REQUIRED WORK: A single number is the answer here: the count of lines in the records below in which the word "Sokolov" appears.

==============================

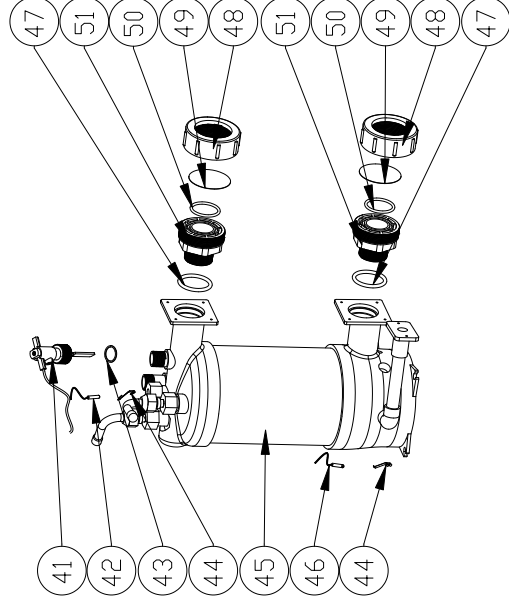

XHPFDPLUS

Model: XP09CsiPX32

Kancelář > Jifho z Poděbrad 536, 35601 Sokolov

Provozní doba > Po - Pá 9:00 - 15:30 > Sjednejte si schůzku +420 602 790 888

Fakturační adresa > AQUASPA.cz, Miloš Verilich, Kosmonautů 1910, 35601 Sokolov, IČ: CZ8608292407

www.aquaspa.cz

==============================

WRITTEN SOLUTION: 2